> [Input data]:
[Start of Attachment]

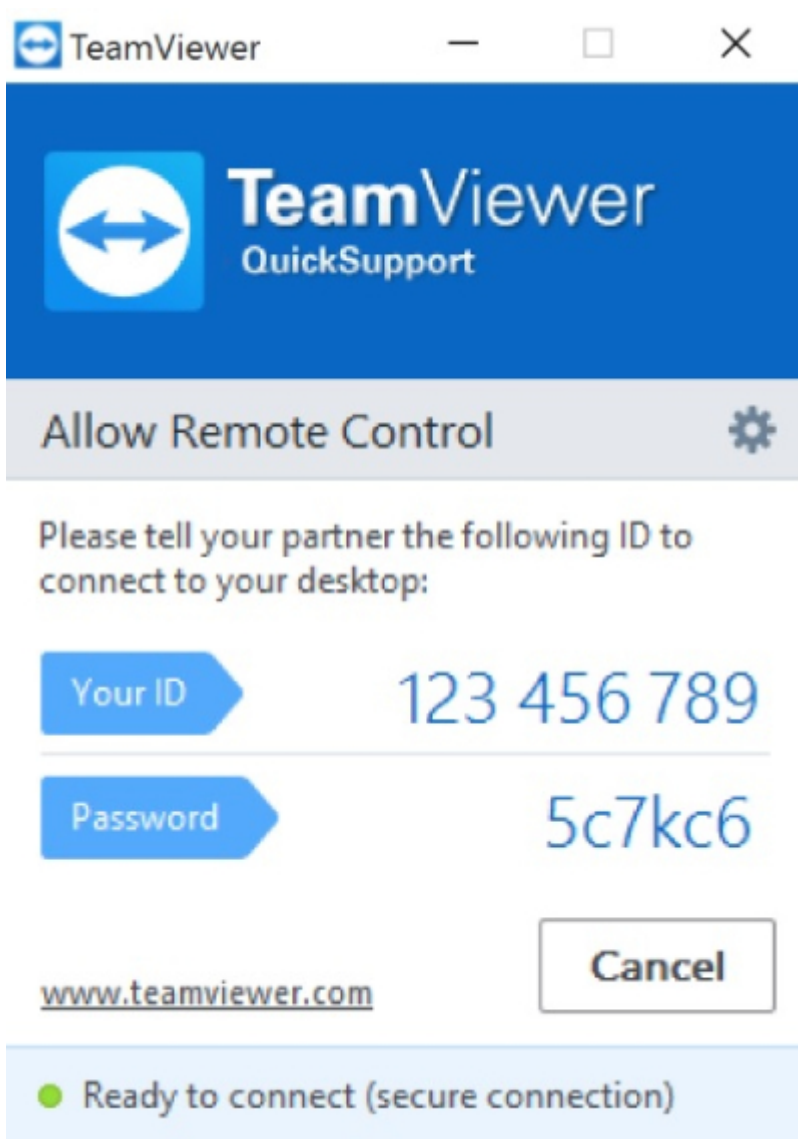

- SotM

Teamviewer QS

- Teamviewer QS

[TeamViewerQS for Windows](#) [TeamViewerQS for Mac](#)

Teamviewer QS

- Teamviewer QS ID PW

TeamViewer ID/PW

TeamViewer ID/PW
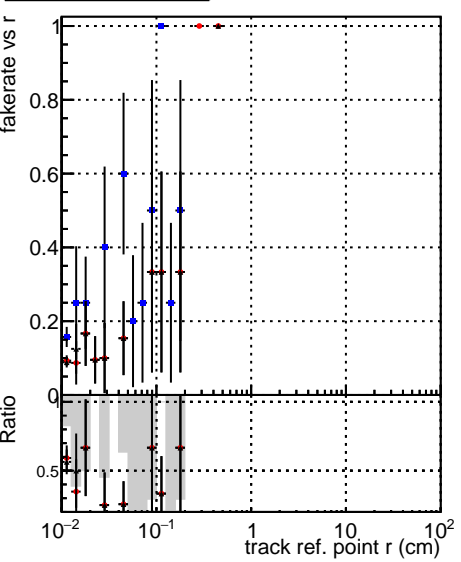

Fake rate vs vertpos

Duplicates Rate vs vertpos

Pileup rate vs vertpos

█	DQM_V0001_R000000001	Global	CMSSW_ckfPU50_RECO
█	DQM_V0001_R000000001	Global	CMSSW_mkFitPU50LowPtQuad_RECO
█	DQM_V0001_R000000001	Global	CMSSW_LowptQnoclean_RECO

Fake rate vs v

Fake rate vs. sim PV z

Duplicates Rate vs sim PV z

Pileup rate vs. sim PV z
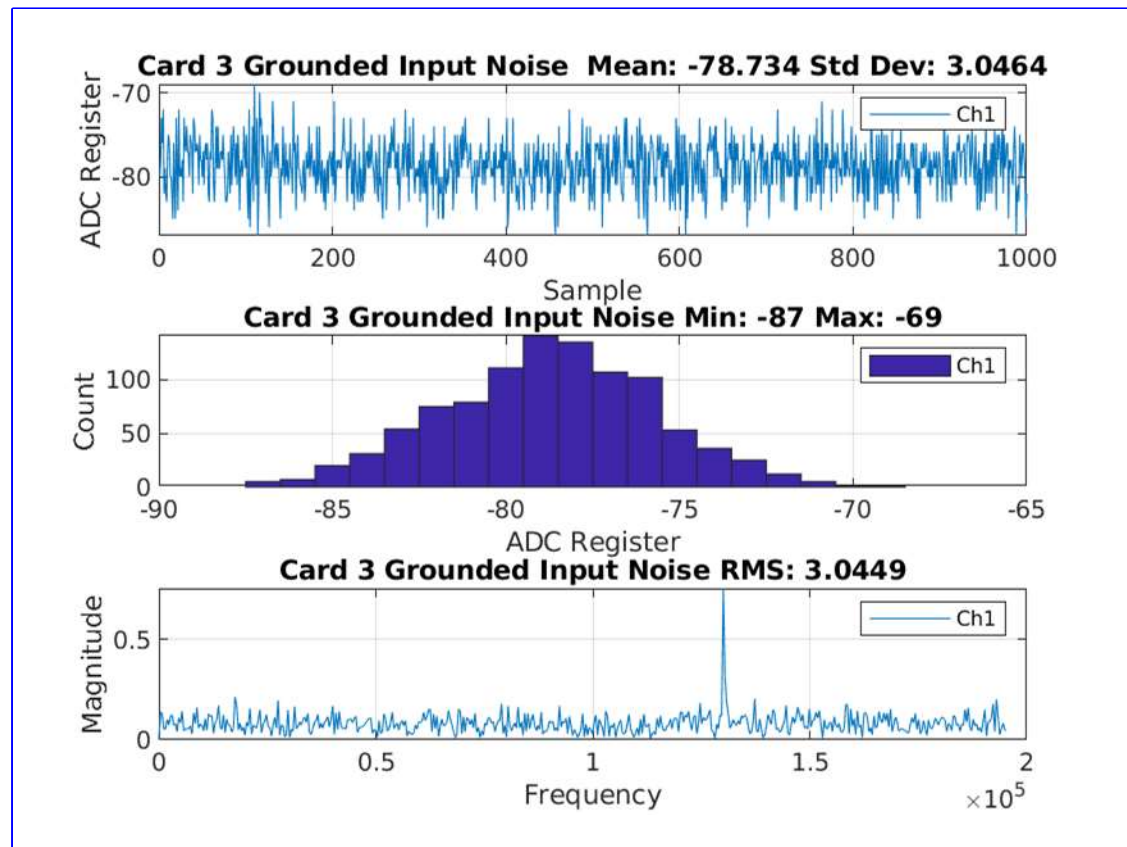

Before

U18 REMOVED (Channel 1 Fixed Gain) & Jumper Out

After

New U18 Installed

U18

[End of Attachment]

> [Goal of the exercise]:
Your copy should consist solely of the lines from the line containing "Duplicates Rate vs vertpos" through the last line of the records above, reproduced exactly, with the pictures left out.

> [Written solution]:
Duplicates Rate vs vertpos

Pileup rate vs vertpos

█	DQM_V0001_R000000001	Global	CMSSW_ckfPU50_RECO
█	DQM_V0001_R000000001	Global	CMSSW_mkFitPU50LowPtQuad_RECO
█	DQM_V0001_R000000001	Global	CMSSW_LowptQnoclean_RECO

Fake rate vs v

Fake rate vs. sim PV z

Duplicates Rate vs sim PV z

Pileup rate vs. sim PV z

Before

U18 REMOVED (Channel 1 Fixed Gain) & Jumper Out

After

New U18 Installed

U18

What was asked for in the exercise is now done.